▶ **Task brief**
The lines below must be transcribed exactly as given, with the images removed.

▶ **Task data**
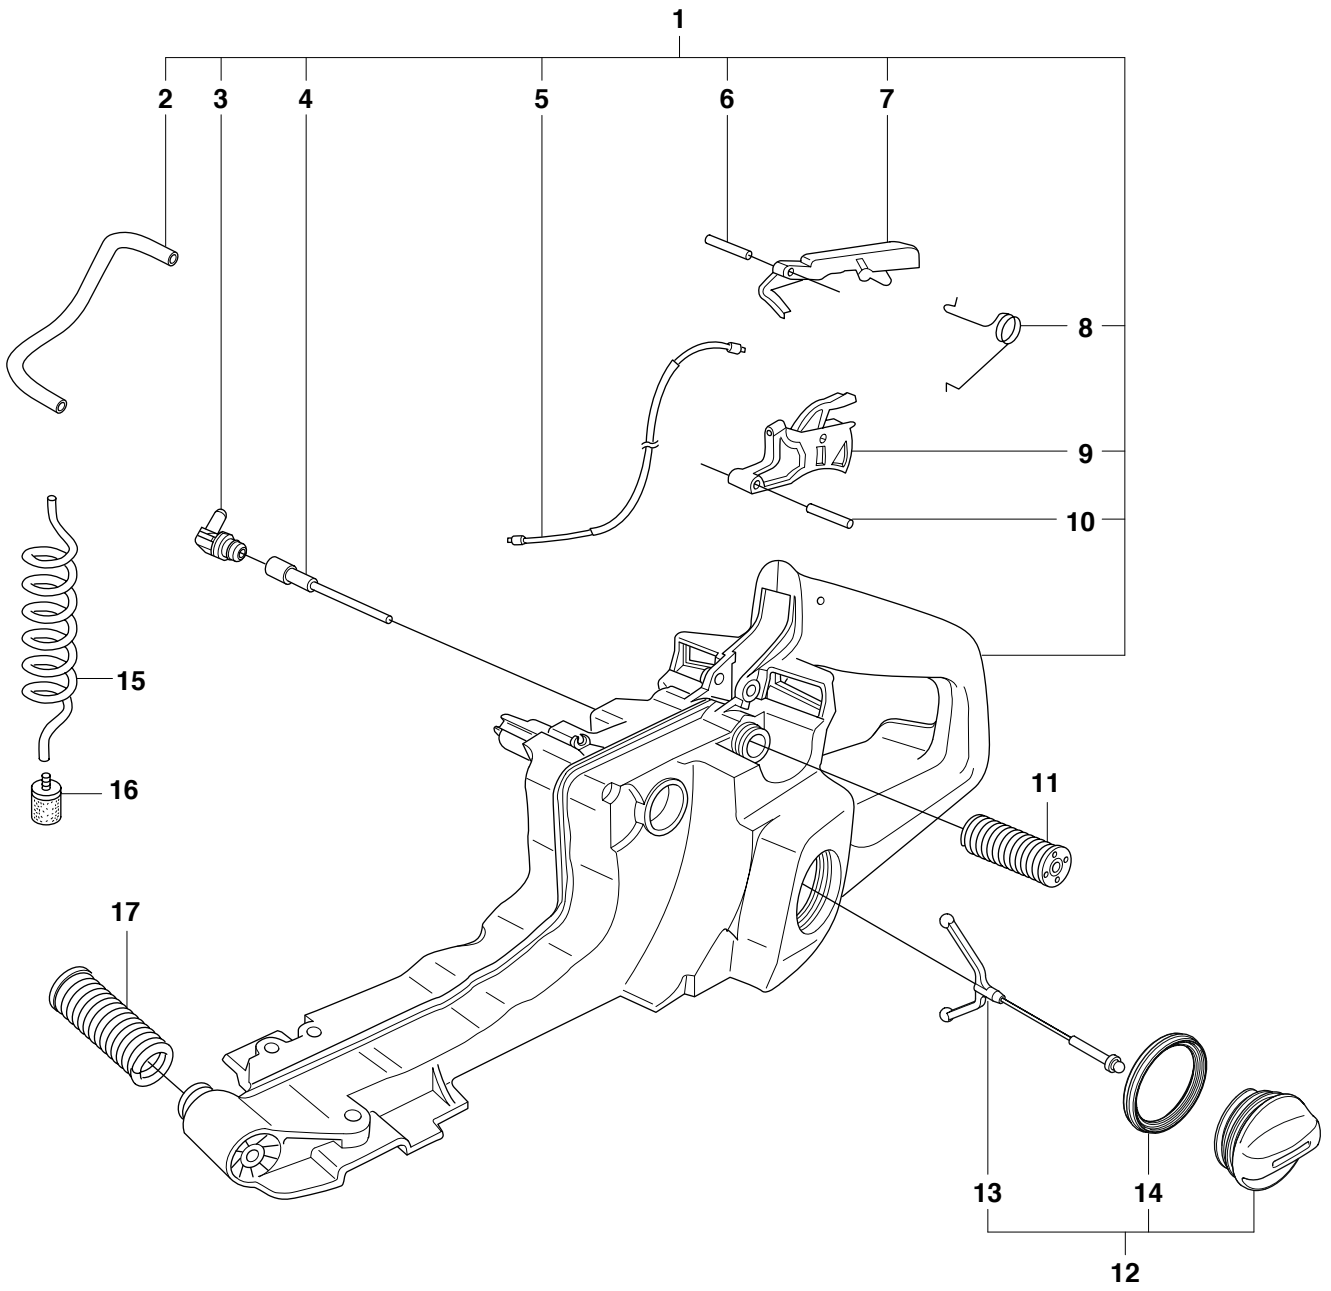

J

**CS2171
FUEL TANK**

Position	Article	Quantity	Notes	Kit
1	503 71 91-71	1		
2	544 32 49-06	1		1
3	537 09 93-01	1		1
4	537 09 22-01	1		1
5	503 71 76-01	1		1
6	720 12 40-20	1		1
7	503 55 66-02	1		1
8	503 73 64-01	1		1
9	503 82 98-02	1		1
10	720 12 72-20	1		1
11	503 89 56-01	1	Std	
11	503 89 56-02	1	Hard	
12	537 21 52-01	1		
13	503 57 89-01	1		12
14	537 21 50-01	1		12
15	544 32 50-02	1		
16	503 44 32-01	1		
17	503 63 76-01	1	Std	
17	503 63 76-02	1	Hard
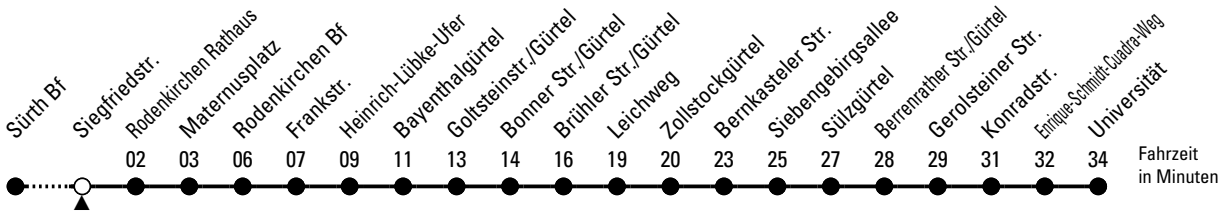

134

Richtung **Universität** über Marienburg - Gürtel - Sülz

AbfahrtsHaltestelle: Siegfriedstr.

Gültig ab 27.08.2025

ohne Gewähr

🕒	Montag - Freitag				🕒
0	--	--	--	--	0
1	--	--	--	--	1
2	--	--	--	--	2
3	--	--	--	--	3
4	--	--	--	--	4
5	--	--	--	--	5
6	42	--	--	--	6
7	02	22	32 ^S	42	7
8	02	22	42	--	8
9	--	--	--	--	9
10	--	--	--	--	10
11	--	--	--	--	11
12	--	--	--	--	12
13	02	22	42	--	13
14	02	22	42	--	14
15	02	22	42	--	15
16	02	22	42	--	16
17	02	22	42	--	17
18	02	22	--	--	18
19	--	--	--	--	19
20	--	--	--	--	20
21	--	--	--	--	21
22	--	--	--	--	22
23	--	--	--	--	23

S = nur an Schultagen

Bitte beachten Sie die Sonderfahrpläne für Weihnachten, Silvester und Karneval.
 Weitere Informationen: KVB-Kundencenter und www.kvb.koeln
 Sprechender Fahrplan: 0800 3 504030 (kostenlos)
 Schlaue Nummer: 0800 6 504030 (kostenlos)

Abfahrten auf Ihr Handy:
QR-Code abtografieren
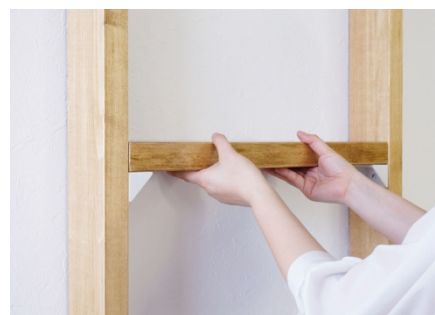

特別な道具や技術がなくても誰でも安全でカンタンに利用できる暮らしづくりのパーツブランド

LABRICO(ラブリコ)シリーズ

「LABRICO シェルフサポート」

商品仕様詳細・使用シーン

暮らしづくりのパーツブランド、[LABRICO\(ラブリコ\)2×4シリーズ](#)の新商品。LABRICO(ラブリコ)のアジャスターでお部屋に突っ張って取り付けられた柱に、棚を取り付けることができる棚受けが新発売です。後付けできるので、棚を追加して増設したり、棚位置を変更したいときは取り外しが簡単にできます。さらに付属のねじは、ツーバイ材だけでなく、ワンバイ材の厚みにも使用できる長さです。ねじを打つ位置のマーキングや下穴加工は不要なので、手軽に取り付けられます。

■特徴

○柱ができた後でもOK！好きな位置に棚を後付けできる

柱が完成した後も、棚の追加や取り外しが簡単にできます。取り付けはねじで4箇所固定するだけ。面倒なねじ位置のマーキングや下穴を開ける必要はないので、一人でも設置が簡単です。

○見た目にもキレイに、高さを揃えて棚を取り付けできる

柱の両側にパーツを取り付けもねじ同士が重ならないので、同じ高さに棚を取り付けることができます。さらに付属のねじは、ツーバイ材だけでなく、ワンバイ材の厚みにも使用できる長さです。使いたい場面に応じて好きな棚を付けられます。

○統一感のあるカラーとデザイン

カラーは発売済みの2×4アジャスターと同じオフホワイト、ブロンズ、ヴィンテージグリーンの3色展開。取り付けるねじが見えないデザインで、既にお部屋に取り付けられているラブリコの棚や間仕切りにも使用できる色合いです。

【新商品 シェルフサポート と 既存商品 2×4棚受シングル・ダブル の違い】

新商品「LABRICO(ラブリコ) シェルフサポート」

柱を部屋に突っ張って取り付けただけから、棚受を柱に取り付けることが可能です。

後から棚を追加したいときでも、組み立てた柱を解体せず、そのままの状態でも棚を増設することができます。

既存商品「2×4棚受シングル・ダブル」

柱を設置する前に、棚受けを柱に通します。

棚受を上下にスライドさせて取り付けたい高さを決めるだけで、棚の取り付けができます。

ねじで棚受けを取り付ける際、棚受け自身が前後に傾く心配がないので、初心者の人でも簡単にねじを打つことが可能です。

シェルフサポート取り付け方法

▶ **Your response**
J

**CS2171
FUEL TANK**

Position	Article	Quantity	Notes	Kit
1	503 71 91-71	1		
2	544 32 49-06	1		1
3	537 09 93-01	1		1
4	537 09 22-01	1		1
5	503 71 76-01	1		1
6	720 12 40-20	1		1
7	503 55 66-02	1		1
8	503 73 64-01	1		1
9	503 82 98-02	1		1
10	720 12 72-20	1		1
11	503 89 56-01	1	Std	
11	503 89 56-02	1	Hard	
12	537 21 52-01	1		
13	503 57 89-01	1		12
14	537 21 50-01	1		12
15	544 32 50-02	1		
16	503 44 32-01	1		
17	503 63 76-01	1	Std	
17	503 63 76-02	1	Hard

134

Richtung **Universität** über Marienburg - Gürtel - Sülz

AbfahrtsHaltestelle: Siegfriedstr.

Gültig ab 27.08.2025

ohne Gewähr

🕒	Montag - Freitag				🕒
0	--	--	--	--	0
1	--	--	--	--	1
2	--	--	--	--	2
3	--	--	--	--	3
4	--	--	--	--	4
5	--	--	--	--	5
6	42	--	--	--	6
7	02	22	32 ^S	42	7
8	02	22	42	--	8
9	--	--	--	--	9
10	--	--	--	--	10
11	--	--	--	--	11
12	--	--	--	--	12
13	02	22	42	--	13
14	02	22	42	--	14
15	02	22	42	--	15
16	02	22	42	--	16
17	02	22	42	--	17
18	02	22	--	--	18
19	--	--	--	--	19
20	--	--	--	--	20
21	--	--	--	--	21
22	--	--	--	--	22
23	--	--	--	--	23

S = nur an Schultagen

Bitte beachten Sie die Sonderfahrpläne für Weihnachten, Silvester und Karneval.
 Weitere Informationen: KVB-Kundencenter und www.kvb.koeln
 Sprechender Fahrplan: 0800 3 504030 (kostenlos)
 Schlaue Nummer: 0800 6 504030 (kostenlos)

Abfahrten auf Ihr Handy:
QR-Code abtografieren

特別な道具や技術がなくても誰でも安全でカンタンに利用できる暮らしづくりのパーツブランド

LABRICO(ラブリコ)シリーズ

「LABRICO シェルフサポート」

商品仕様詳細・使用シーン

暮らしづくりのパーツブランド、[LABRICO\(ラブリコ\)2×4シリーズ](#)の新商品。LABRICO(ラブリコ)のアジャスターでお部屋に突っ張って取り付けられた柱に、棚を取り付けることができる棚受けが新発売です。後付けできるので、棚を追加して増設したり、棚位置を変更したいときは取り外しが簡単にできます。さらに付属のねじは、ツーバイ材だけでなく、ワンバイ材の厚みにも使用できる長さです。ねじを打つ位置のマーキングや下穴加工は不要なので、手軽に取り付けられます。

■特徴

○柱ができた後でもOK！好きな位置に棚を後付けできる

柱が完成した後も、棚の追加や取り外しが簡単にできます。取り付けはねじで4箇所固定するだけ。面倒なねじ位置のマーキングや下穴を開ける必要はないので、一人でも設置が簡単です。

○見た目にもキレイに、高さを揃えて棚を取り付けできる

柱の両側にパーツを取り付けもねじ同士が重ならないので、同じ高さに棚を取り付けることができます。さらに付属のねじは、ツーバイ材だけでなく、ワンバイ材の厚みにも使用できる長さです。使いたい場面に応じて好きな棚を付けられます。

○統一感のあるカラーとデザイン

カラーは発売済みの2×4アジャスターと同じオフホワイト、ブロンズ、ヴィンテージグリーンの3色展開。取り付けるねじが見えないデザインで、既にお部屋に取り付けられているラブリコの棚や間仕切りにも使用できる色合いです。

【新商品 シェルフサポート と 既存商品 2×4棚受シングル・ダブル の違い】

新商品「LABRICO(ラブリコ) シェルフサポート」

柱を部屋に突っ張って取り付けただけから、棚受を柱に取り付けることが可能です。

後から棚を追加したいときでも、組み立てた柱を解体せず、そのままの状態でも棚を増設することができます。

既存商品「2×4棚受シングル・ダブル」

柱を設置する前に、棚受けを柱に通します。

棚受を上下にスライドさせて取り付けたい高さを決めるだけで、棚の取り付けができます。

ねじで棚受けを取り付ける際、棚受け自身が前後に傾く心配がないので、初心者の人でも簡単にねじを打つことが可能です。

シェルフサポート取り付け方法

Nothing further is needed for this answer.